The in vivo rate of somatic tumor suppressor or oncogene mutation cannot be measured directly. Often, it is not possible to isolate the precursor cells of a given cancer or, as a consequence, to probe their DNA for abnormalities. In cases where precursor cells can be isolated, the rarity of any specific mutation makes direct measurements of mutation rate impractical. Even in human cell cultures, determining mutation rate is very difficult1 and has only been possible at a handful of loci. Estimates fall between 10⁻⁸ and 10⁻⁶ mutations per gene per cell generation.2,3,4 Similar rates have been observed in yeast.5,6

These data provide only a blurred picture of the somatic mutation rate in humans. Aside from the 3 orders of magnitude over which they are spread, there is a question mark over how well the mutational characteristics of cultured cells mirror those of cells in vivo. Consequently, it is currently very difficult to ascribe a notional rate to tumor suppressor or oncogene mutation.

This is especially apparent when considering that the rate in a particular case will depend not only on microenvironmental factors that modify replication fidelity but also on the specific spectrum of genetic changes that lead to a selected mutant protein product.

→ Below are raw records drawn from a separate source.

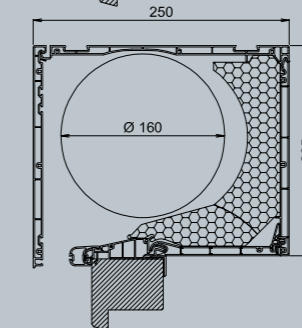

- Maksimalna širina kutije
- > PVC bijela 2.500 mm
 - > PVC u boja 1.600 mm
 - > Alu 3.500 mm

- > Zaštita od sunca
- > Visoka otpornost
- > Zaštita privatnosti
- > Jednostavna njega
- > Poboljšana zvučna izolacija
- > Smanjuje potrošnju energije
- > Povećana toplinska izolacija
- > Dodatna protuprovalna zaštita

RAZLIČITE DIMENZIJE

ZA RAZLIČITE PRIMJENE

Kutija za rolete VariNova dolazi u četiri različite veličine (G1, G2, G3, G4) koje svojim dimenzijama mogu zadovoljiti potrebe svakog prozora i vrata te svake vrste građevina, bilo da se radi o višestambenim zgradama ili obiteljskim kućama.

Veličina G1 (175/218)	
Maksimalna visina plašta:	
Lamele Z38/4 Osovina 40 mm	Lamele Z52 Osovina 60 mm
1.900 mm	1.250 mm

Veličina G2 (205/218)	
Maksimalna visina plašta:	
Lamele Z38/4 Osovina 40 mm	Lamele Z52 Osovina 60 mm
2.600 mm	1.700 mm

Veličina G3 (205/250)	
Maksimalna visina plašta:	
Lamele Z38/4 Osovina 40 mm	Lamele Z52 Osovina 60 mm
2.600 mm	1.800 mm

Veličina G4 (240/250)	
Maksimalna visina plašta:	
Lamele Z38/4 Osovina 40 mm	Lamele Z52 Osovina 60 mm
3.600 mm	2.700 mm
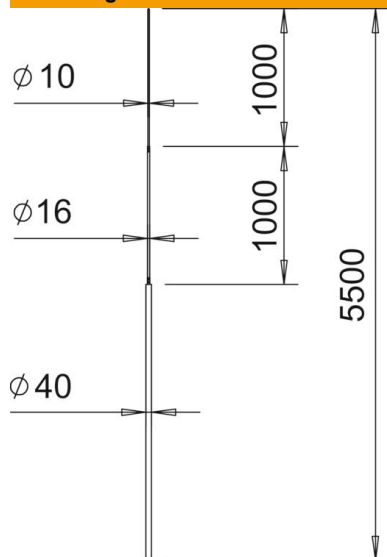

## isFang-opvangmast

Artikelnummer: 5402870

- Geschikt voor windbelastingen conform Eurocode 1: NEN-EN 1991-1-4
- Conische opvang
- Passend op 40 mm isFang-driepootstatief en isFang-dragersysteem

**Alu** Aluminium

### Stamgegevens

Artikelnummer	5402870
Omschrijving 1	Vangstang
Omschrijving 2	voor driepootstatief
Fabrikant	OBO
Dimensie	5500mm
Materiaal	aluminium
Kleinste verkoop-eenheid	1
Eenheid van hoeveelheid	Stuk
Gewicht	630 kg
Eenheid gewicht	kg/100 st.

### Afmetingen

Lengte	5.500 mm
Maat B	3.000 mm
Maat D	1.500 mm
Afm. H	1.000 mm

### Technische gegevens

Uitvoering	Opvangstang met statief
Hoogspanningsbestendige geïsoleerde uitvoering	nee
Nominale grootte Ø	40/ 16/ 10 mm
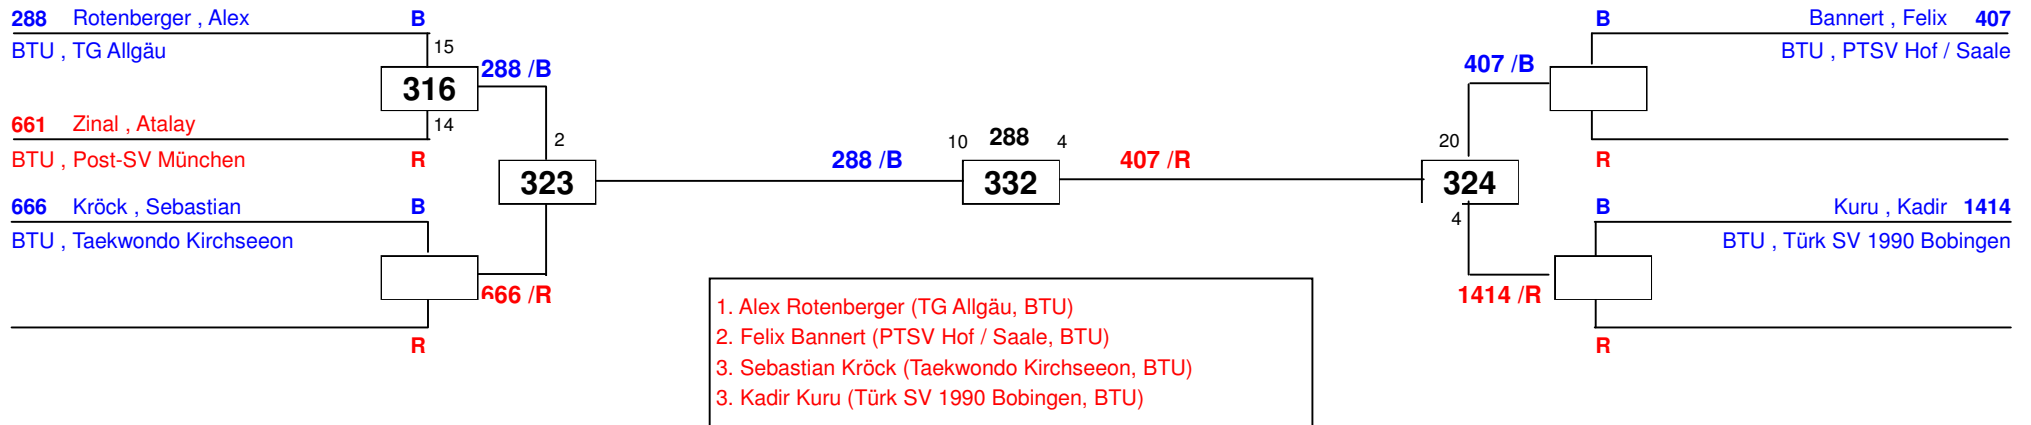

Yildirim, Dogus 628
BTU, Taekwondo Team Leon

1. Jannik Zettler (SG Krumbach, BTU)
2. Dogus Yildirim (Taekwondo Team Leon, BTU)

2. Bayernpokal 2014

am 26.07.2014

J Am-68

Draw Sheet

2. Bayernpokal 2014

am 26.07.2014
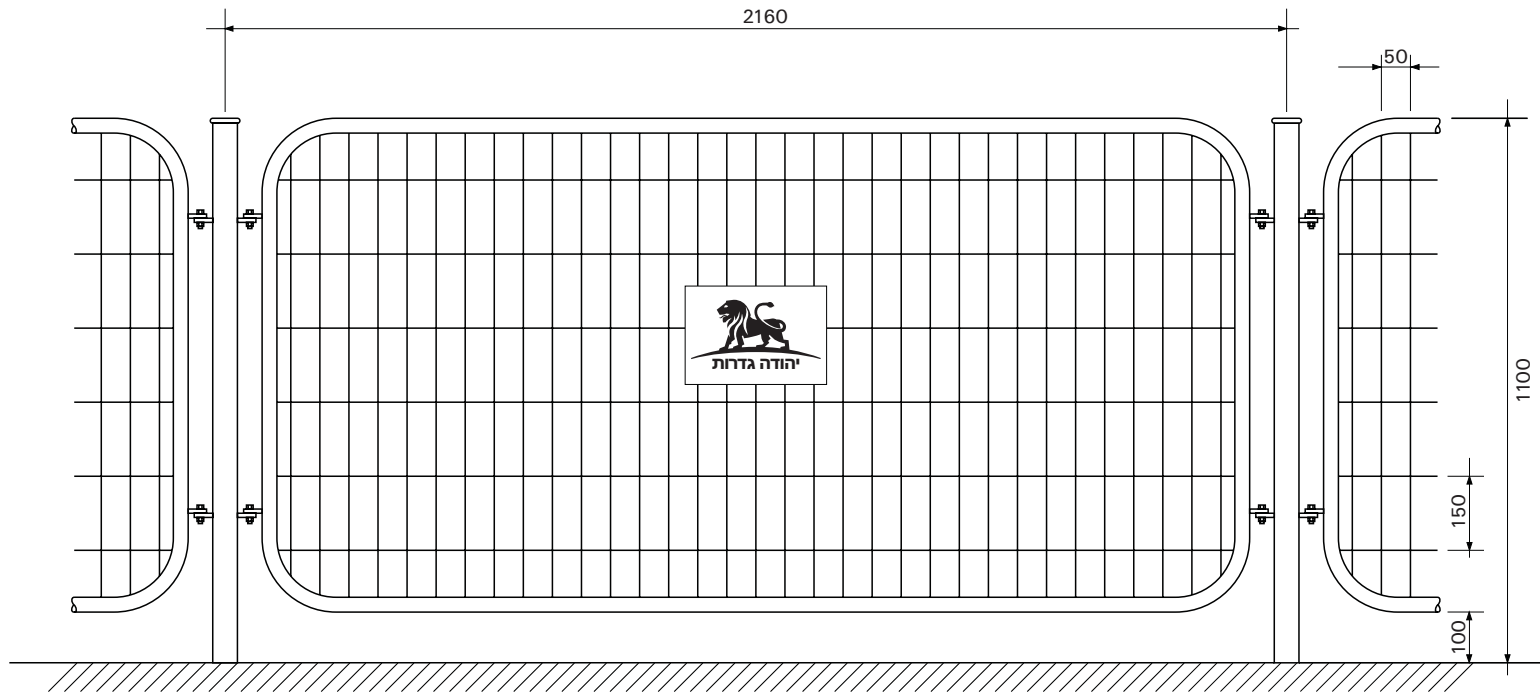

גדרות הפרדה ונוי

סביונית נוי

סביונית למפרדות תנועה

סביונית לבריכת שחייה

סביונית חץ

גדר הפרדה מודולרית המשלבת הפרדה קשיחה וחזות נאה. מתאימה לגדרות הפרדה ונוי, שטחי גינון, בריכות שחייה, מפרדות תנועה ועוד.

ביסוס: ראה בדף התקנות/עיגון עמודי גדר

רשת מזוגזגת - דגם חץ

| מרכזי עמודים | עמוד | רשת | מסגרת | גובה |
|--------------|---------------|------------|---------------|-------|
| 2160 | Ø 2" x 2.0 mm | 150/50/4.5 | Ø 1" x 2.0 mm | 600 |
| 2160 | Ø 2" x 2.0 mm | 150/50/4.5 | Ø 1" x 2.0 mm | 1100 |
| 2160 | Ø 2" x 2.0 mm | 150/50/5.0 | Ø 1" x 2.0 mm | 1200* |
| 2160 | Ø 2" x 2.0 mm | 150/50/5.0 | Ø 1" x 2.0 mm | 1600 |

המיחות במ"מ

* לפי תקן בריכות שחייה
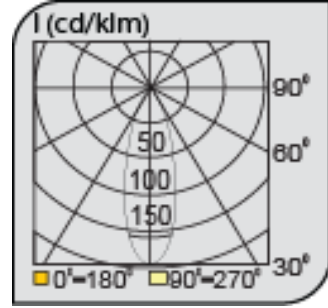

Sıva Üstü Spot Armatürler

CE EN 60598-2-2 IP 40        

Ürün Kodu	VK154 135LED
Güç Power (W)	5
Işık Akışı (lm)	350
Işık Kaynağı	GU10
Renk Sıcaklığı	GU10
Boyutlar	85x85x140
Kesim Ölçüsü (W/L/H mm)	-
Ağırlık (Kg)	-
Gövde	
Boya	
Balast	
Cam	
Montaj	

Ürün Kodu	Güç (W)	Işık Akışı (lm)	Işık Kaynağı	Renk Sıcaklığı	Boyutlar (W/L/H mm)	Kesim Ölçüsü (W/L/H mm)	Ağırlık (Kg)
VK154 134LED	10	1100	COB LED	2700-3000K	85x85x140	-	-
VK154 135LED	5	350	GU10	2700-3000K	85x85x140	-	-

Without resorting to cell lines, what alternative methods are available for measuring mutation rate? In vitro, the standard method is Luria-Delbruck fluctuation analysis. Many parallel clones are grown in culture from small parent populations containing no mutated genes. After a certain number of cell generations or when the clones have grown to a specific size, the prevalence of mutant cells within each population is recorded. The mean prevalence per clone is then used to estimate the underlying mutation rate. A simple in vivo analog of this experiment is to observe many patients (rather than clones) and measure the frequency with which neoplasia (rather than mutant colonies) arise, the neoplasia being markers of mutation. In other words, rather than trying to observe gene mutations at the microscopic level, a practical alternative is to observe malignancies at the population level (Figure 1). Luebeck and Moolgavkar7 inferred a rate of 10⁻⁶ per gene per year for adenomatous polyposis coli (APC) mutation in patients with colorectal cancer via this approach.

Figure 1.

In Luria-Delbruck fluctuation analysis (left), the number of mutant colonies arising in plated clones can be used to estimate in vitro mutation rates. By analogy, in vivo, the number of tumors arising in individuals can be used.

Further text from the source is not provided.